> **WHAT IS NEEDED**: Tally the lines in the data below where the word "soho" appears, and give the tally alone.

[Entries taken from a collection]
···
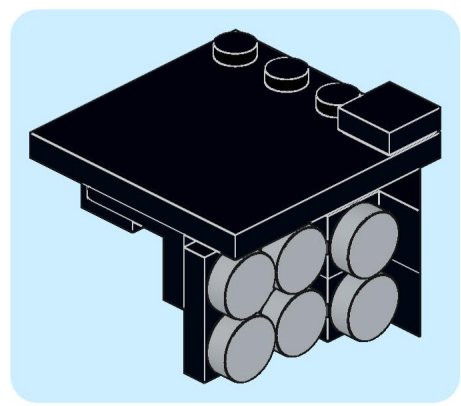

2x  
1x  
1x

This block contains three items: two black pins, one red 1x3 Technic brick with two black pins inserted, and one black 1x3 Technic axle with two holes.

2x

8x

2x

1x

2x 2x 2x

2x      2x

1x

1x

102

103

104

2x

1x 2x

This block contains a parts list for step 106. It features two items: a dark grey 1x3 Technic Technonut and a dark grey 1x2 Technic Technonut. The quantity '1x' is positioned below the Technonut, and the quantity '2x' is positioned below the Technonut.

8x 8x

2x

1x      2x      2x

1x 1x

146

2x [1x 1-hole black Technic brick] 1x [1x black Technic wedge with 1 hole] 1x [1x black Technic wedge with 1 hole]

2x  2x  2x 

1x      2x      1x

1x 1x 1x 2x

This block contains a parts list for step 160. It features four items: a white axle pin (1x), a grey axle pin (1x), a grey Technic disc (1x), and two black Technic axles (2x). The items are arranged horizontally with their respective quantities below them.
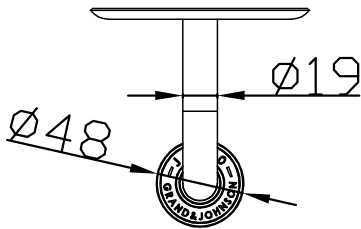

# JEE-O soho soap dish specifications

Note:  
UV radiation and extreme temperature  
can affect the color and structure of the  
JEE-O soho wall surface.

Article code:

**701-0090** (RAW version)  
● Brushed stainless steel - **RAW**
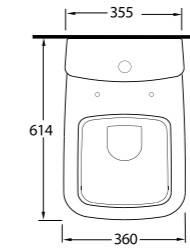

Aquasave significantly
reduces the water used
in flushing from 6 to 4 liters.

76303
Asma Klozet
Wall - Mounted WC

76531

Monoblok Asma Lavabo
Monoblock Wall-Hung
Washbasin

76000

Duvara Tam Dayalı Klozet
72224 Rezervuar uyumludur.
Back to wall WC
Compatible with 72224 cistern.
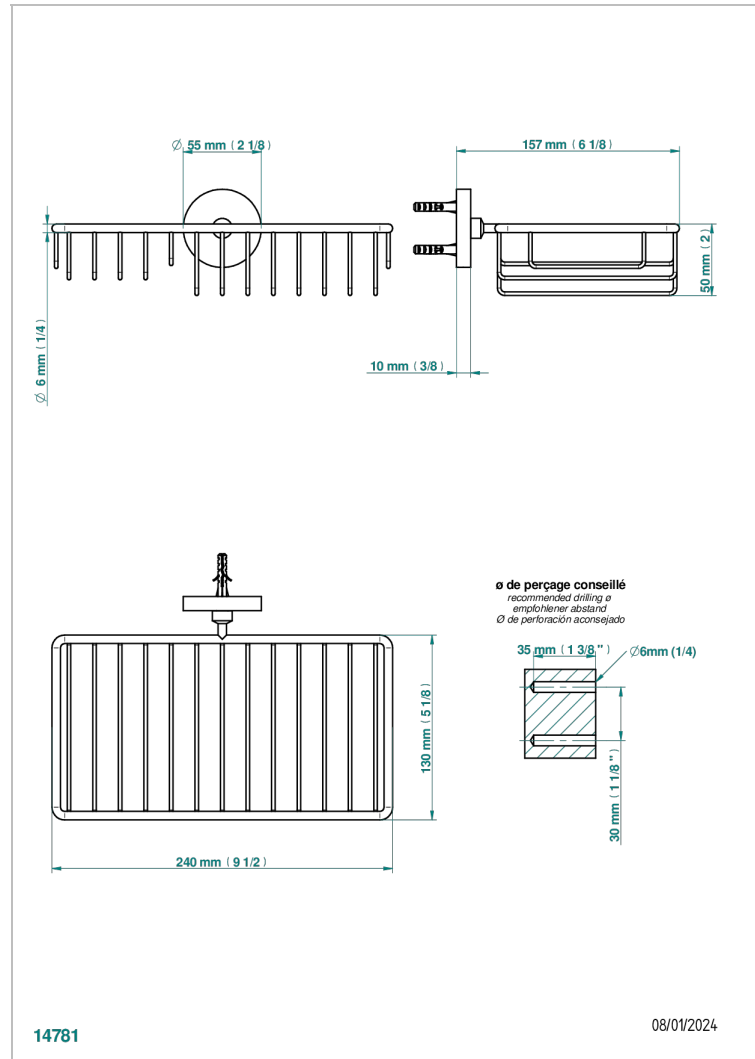

ZOOM.12

U4L-2620

Soap and sponge holder, wall mounted

THG[®]
PARIS

CHARACTERISTIC

- Zoom.12
- Soap and sponge holder, wall mounted

AVAILABLE FINITIONS

Black ceram - D30
Blush PVD - H62
Brass color PVD - H49
Brown bronze color PVD - F33
Chrome polished - A02
Gold color PVD - H52
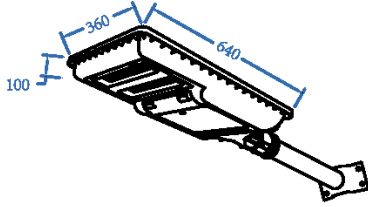

## LAMP BEAD TYPES

Two different types of lamp beads to choose from.

Model	AN-ISSL-C		
Power	60W	80W	100W
LED	200/144pcs	300/216pcs	400/288pcs
Luminous Flux	150lm/w		
LiFePO4 Battery	128WH	160WH	192WH
Mono Solar Panel	30W	40W	50W
Solar Charging Time	5- 6 hours by bright sunlight		
Lighting Time In Rainy Day	5 days		
Lighting Mode	3hrs 100%+2hrs 70%+5hrs 50%+2hrs 25% Can be customized based on customer needs		
Material	Aluminium alloy + PMMA		
IP Class	IP 65		
Work Temperature	0°C to 50°C		

PART FOUR | DIMENSION FIGURE

AN-ISSL-C-60W

AN-ISSL-C-80W

AN-ISSL-C-100W

01

**LG LED Chips**  
150lm/w

02

**Monocrystalline solar panels**  
22% conversion efficiency
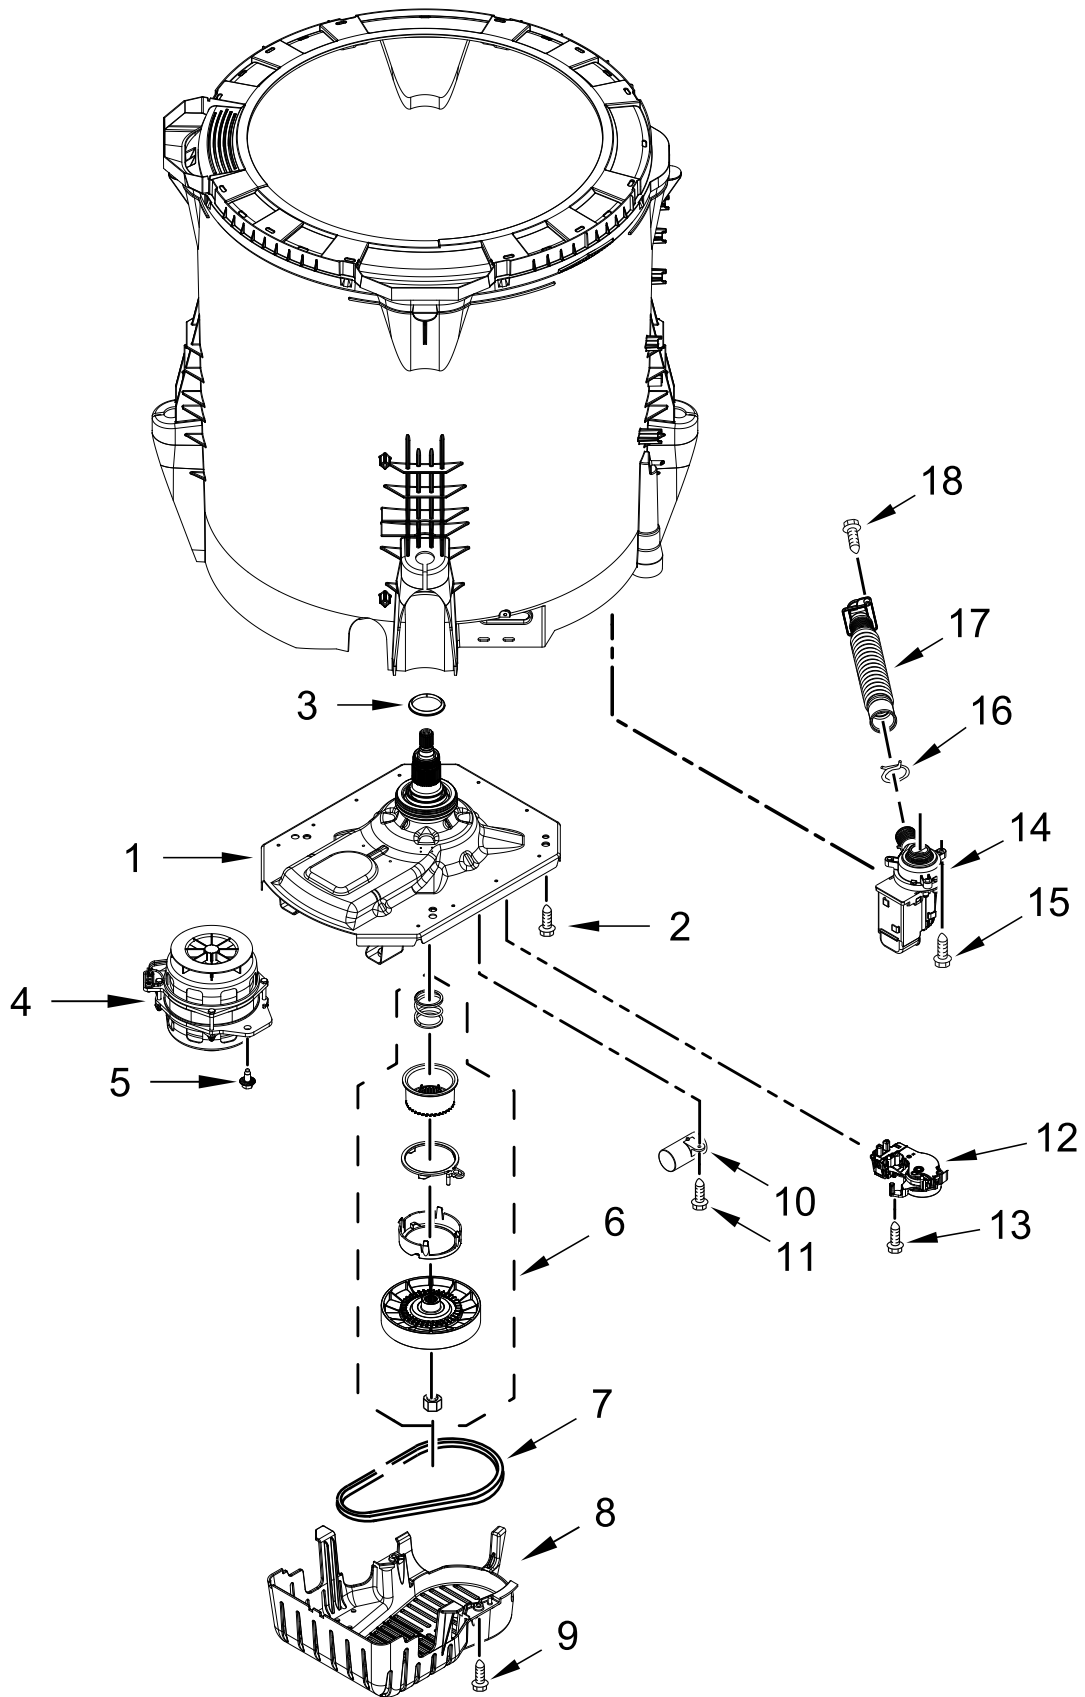

GEARCASE, MOTOR AND PUMP PARTS

GEARCASE, MOTOR AND PUMP PARTS

<u>Illus.</u> <u>No.</u>	<u>Part No.</u>	<u>Description</u>	<u>Illus.</u> <u>No.</u>	<u>Part No.</u>	<u>Description</u>	<u>Illus.</u> <u>No.</u>	<u>Part No.</u>	<u>Description</u>
1	W11164183	Gearcase Assembly	9	357640	Screw	17	W10763078	Hose, Inner Drain Assembly
2	W10249633	Screw	10	W11162560	Capacitor, Motor Run	18	9740848	Screw
3	W11218170	Washer, Thrust	11	W10142728	Screw			
4	W10677723	Motor, Drive	12	W11398781	Actuator, Shift			
5	W10094780	Screw	13	9741052	Screw			
6	W10721967	Splutch Kit (60Hz)	14	W11259498	Pump Assembly, Drain			
7	W10006384	Belt, Drive	15	W10004910	Screw			
8	W11087188	Shield, Pulley Cover	16	8317496	Clamp, Hose
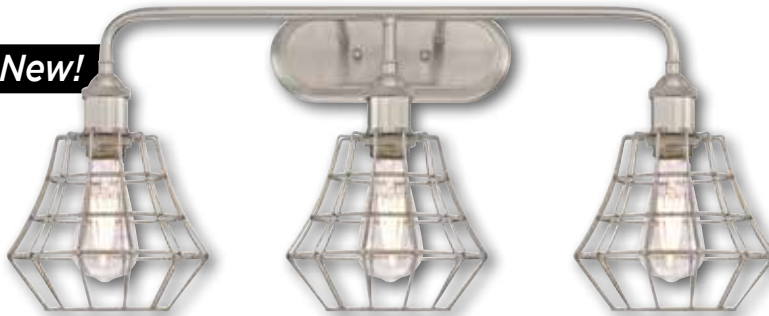

Nathaniel Collection

Vintage-chic cage shades complement a range of home styles.

New!

63372
1 Light Mini Pendant
 Brushed Nickel Finish
 with Angled Bell Cage Shade
 Height: 60.91" Diameter: 7.60"
 Adjustable Cord: 50"
 Use (1) Medium (E26)
 Base Lamp, 60 Watt Maximum

New!

61052
1 Light Mini Pendant
 Brushed Copper Finish
 with Angled Bell Cage Shade
 Height: 60.51" Diameter: 7.48"
 Adjustable Cord: 50"
 Use (1) Medium (E26)
 Base Lamp, 60 Watt Maximum

New!

61053
1 Light Mini Pendant
 Matte Black Finish
 with Angled Bell Cage Shade
 Height: 60.51" Diameter: 7.48"
 Adjustable Cord: 50"
 Use (1) Medium (E26)
 Base Lamp, 60 Watt Maximum

New!

***63368**
3 Light Wall
 Brushed Nickel Finish
 with Angled Bell Cage Shades
 Height: 12.20"
 Width: 28.74"
 Extends: 9.10"
 Use (3) Medium (E26)
 Base Lamps, 60 Watt Maximum

New!

***63366**
3 Light Wall
 Oil Rubbed Bronze Finish
 with Matte Black Angled Bell Cage Shades
 Height: 12.20"
 Width: 28.70"
 Extends: 9.10"
 Use (3) Medium (E26)
 Base Lamps, 60 Watt Maximum

*Fixture can be installed up or down

Add Westinghouse Filament LED or Timeless lamps for the vintage look you want.

Oliver Collection

Industrial-style details add retro character to any room.

***63376**
1 Light Wall
 Oil Rubbed Bronze Finish
 with Cage Shade
 Height: 14.88"
 Width: 6.00"
 Extends: 8.75"
 Use (1) Medium (E26)
 Base Lamp,
 60 Watt Maximum
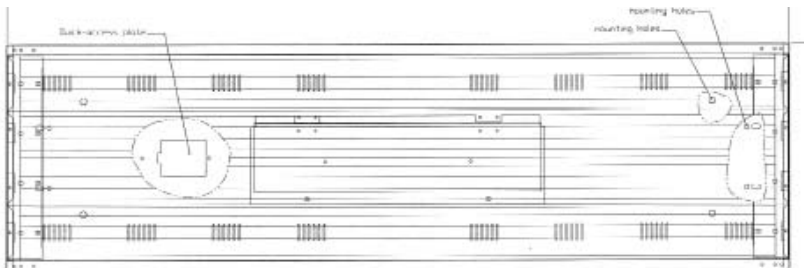

Accessories

- White power-coat steel wire guard
- Acrylic covered lense
- Motion Sensor

Your partner in energy saving!

Specifications

- Dimension: -48.5 inch L*13.4 inch W*4.8 inch H(4 Lamp T8/T5)
- 48.5 inch L*18.4 inch W*4.8 inch H(6 Lamp T8/T5)
- Housing: All steel surface are painted with high gross baked with white enamel,applied over iron phosphate pre-treatment for maximum adhesior and rust resistance.
- Finish: Post-painted white housing
- Reflector: Vega-95 reflectio
- Ballast: UL certify electronic ballast,class P. 120-277 VOLT, 50/60 Hz, Instant start, high output
- Positive Stop: Anti-vibrational locking
- Lamp Holder: All configuration have been tested to ensure relaiable operation performance underthe normal condition.
- Mounting: Design for surface, pendent, stem, Chain, hanging
- Height: 10FT-35FT mounting height.
- Energy Saving up to 70%
- Instant restrike

■ Warranty

- 5 years for ballast
- 2 years for fixture & lamp

Highbay Dimensional Data

Dim: 48.5" L X 4.8" H X 18.4" W

Model: HB-6/T5 HB6/T8

Photo metric Data

- HB-4/T5, HB-4/T8
- HB-4/T5PS, HB-4/T8PS
- HB-4/T5Lense

Electronic Ballast Dimensional Data

Dim: 48.5" L X 4.8" H X 13.4" W

Model: HB-4/T5 HB-4/T8 HB-4/T5PS HB-6/T8PS HB-4/T5 Lense

Photo metric Data

- HB-6/T5, HB-6/T8

Electronic Ballast Specification

- Upon request
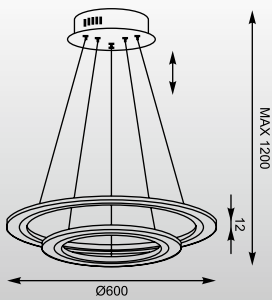

CIRCLE: Pendant L-CD-660-BL
FLAT CIRCLE: Pendant L-CD-660
···
> **THE ANSWER**: 2